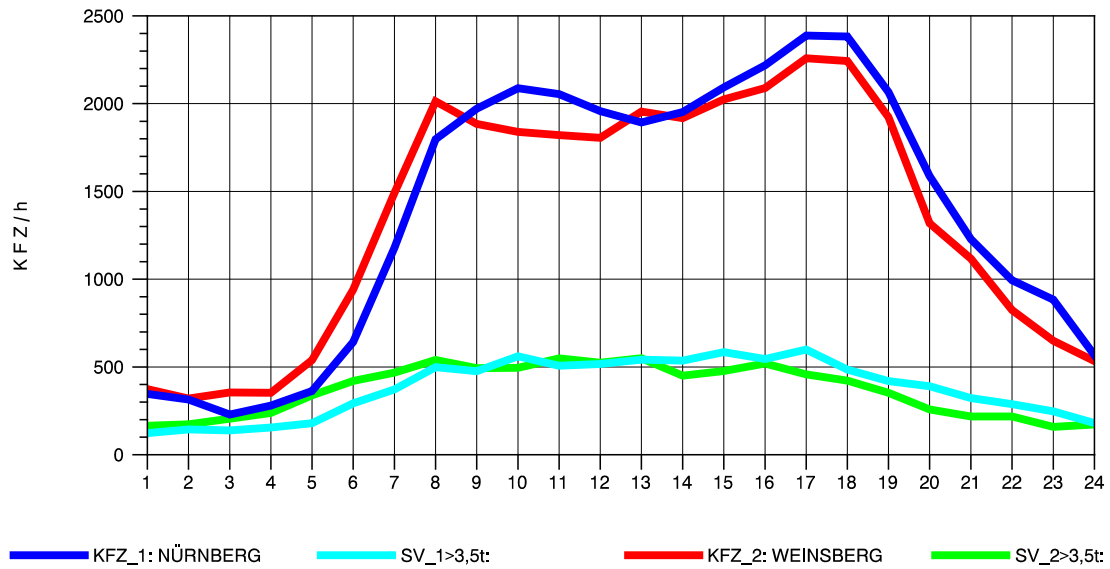

STRASSENVERKEHRSZÄHLUNGEN IN BADEN-WÜRTTEMBERG
SCHWABBACH 68221091 A 6
Mittwoch, 08. August 2012
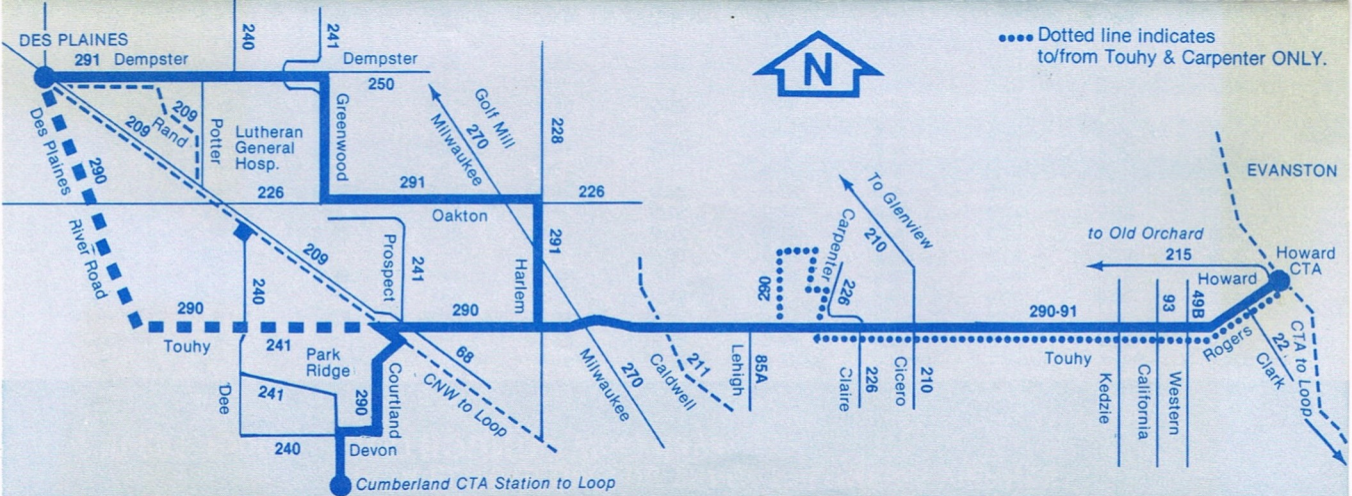

In Chicago: **836-7000**
 In the suburbs toll free: **1-800-972-7000**

290
291
 Touhy Ave.
 Howard CTA-
 Cumberland
 CTA Station

SCHEDULE
 EFFECTIVE
 FEB. 13, 1983

290 291

HACIA EL ESTE DÍAS DE TRABAJO LUNES A VIERNES EASTBOUND - Weekdays
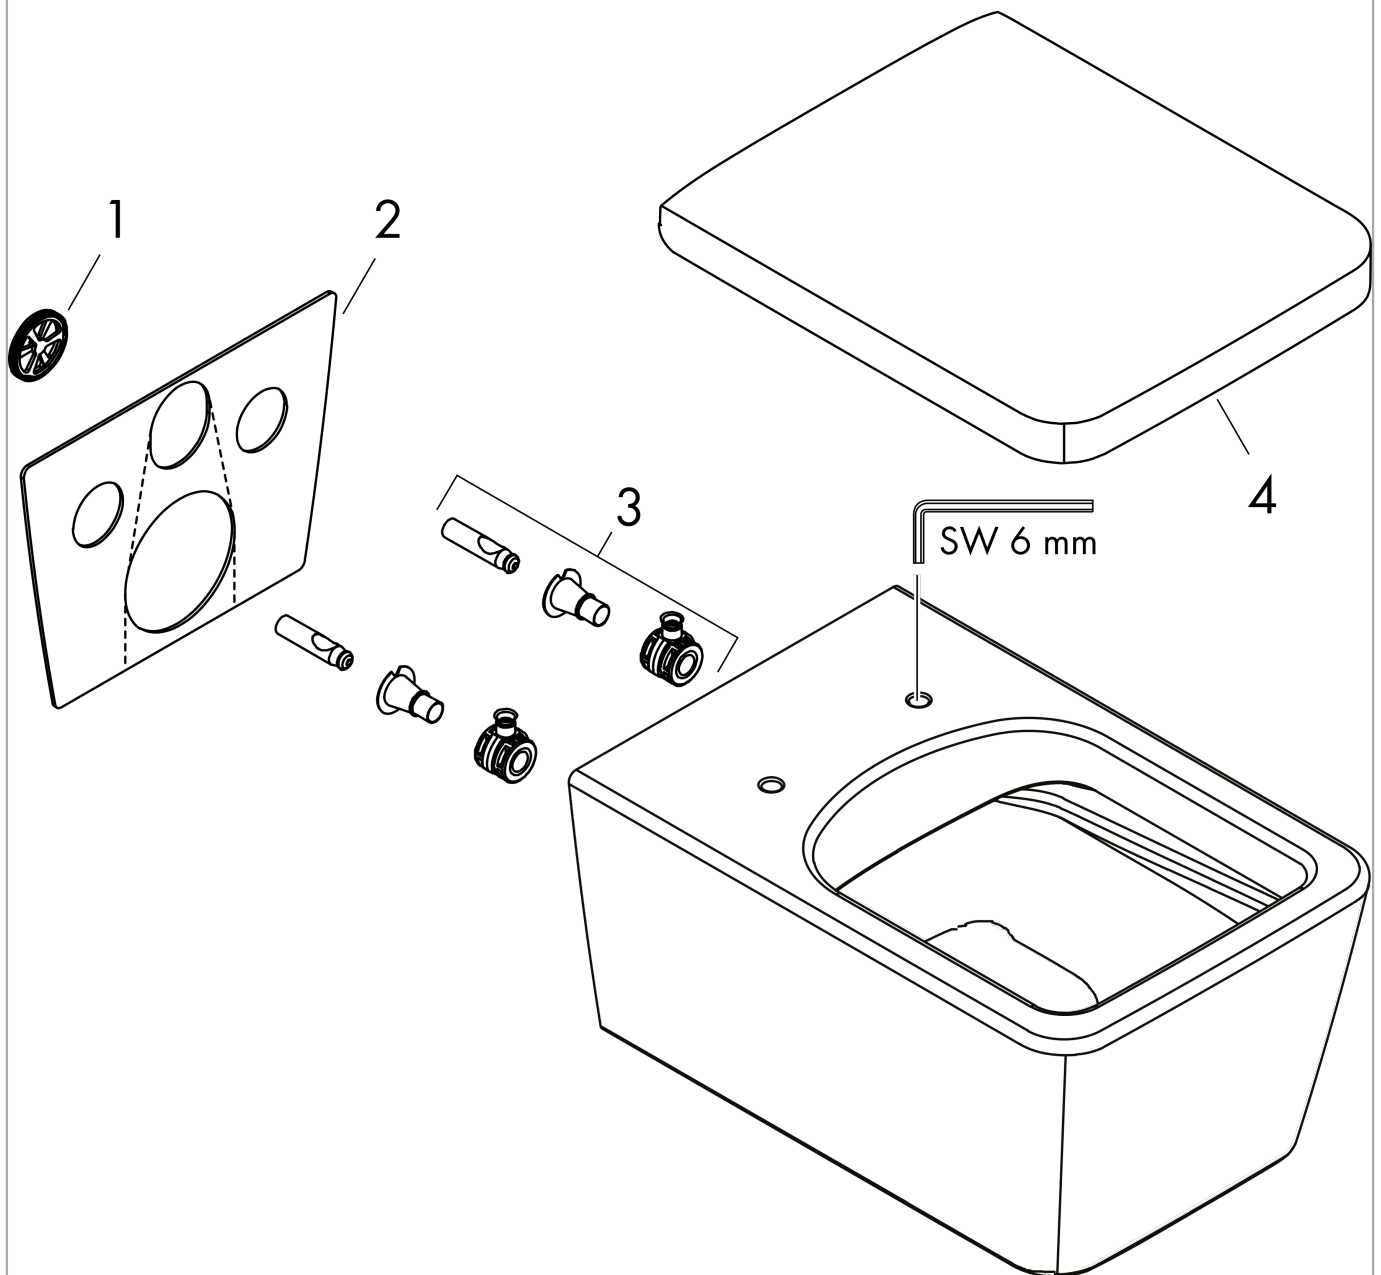

EluPura Q
wandtoilet 540 rimless AquaFall Flush, HygieneEffect
 Finish: wit Artikelnummer: **62022450**

Beschrijving

- materiaal: keramiek
- Made to Fit NoiseReduction: een geluiddempende mat die past bij de vorm van het product
- glansgraad keramiek: glanzend
- AquaFall Flush: krachtige doorstroom en 'rimless' design
- 4,5 l, 5 l, 6 l spoelwaterhoeveelheid
- EcoSmart: waterbesparend toilet (passend inbouwreservoir benodigd)
- spoeltype: afspoelen
- rimless
- verborgen bevestiging
- horizontale uitloop
- hartafstand bevestiging toiletzitting: 160 mm
- hartafstand wandmontage: 180 mm
- montagewijze: wandmontage
- HygieneEffect - vermindert de verspreiding van coliforme bacteriën en salmonella (Escherichia coli ATCC 8739/Salmonella enterica ATCC 13076. Test: ISO 22196: 2011-08)
- EU taxonomie: max. 6l/min - Do No Significant Harm (DNSH)
- KIWA_K109989/01

Artikeldetails

Vrijblijvende advies verkoopprijs excl. BTW	402,00 €
Vrijblijvende advies verkoopprijs incl. BTW	486,42 €

Technologie

Designprijzen

Productfoto

Maattekening

EluPura Q
 wandtoilet 540 rimless AquaFall Flush, HygieneEffect
 Finish: wit Artikelnummer: 62022450

Inbouwvoorbeeld

EluPura Q
wandtoilet 540 rimless AquaFall Flush, HygieneEffect
 Finish: wit Artikelnummer: **62022450**

Explosietekening

Bouwjaar: >06/23

EluPura Q
wandtoilet 540 rimless AquaFall Flush, HygieneEffect
Finish: wit Artikelnummer: **62022450**

▶ _What is required_
Retype, exactly and in full, the lines above from the one containing "- glansgraad keramiek: glanzend" through the one containing "- montagewijze: wandmontage".

▶ _Solution for this problem_
- glansgraad keramiek: glanzend
- AquaFall Flush: krachtige doorstroom en 'rimless' design
- 4,5 l, 5 l, 6 l spoelwaterhoeveelheid
- EcoSmart: waterbesparend toilet (passend inbouwreservoir benodigd)
- spoeltype: afspoelen
- rimless
- verborgen bevestiging
- horizontale uitloop
- hartafstand bevestiging toiletzitting: 160 mm
- hartafstand wandmontage: 180 mm
- montagewijze: wandmontage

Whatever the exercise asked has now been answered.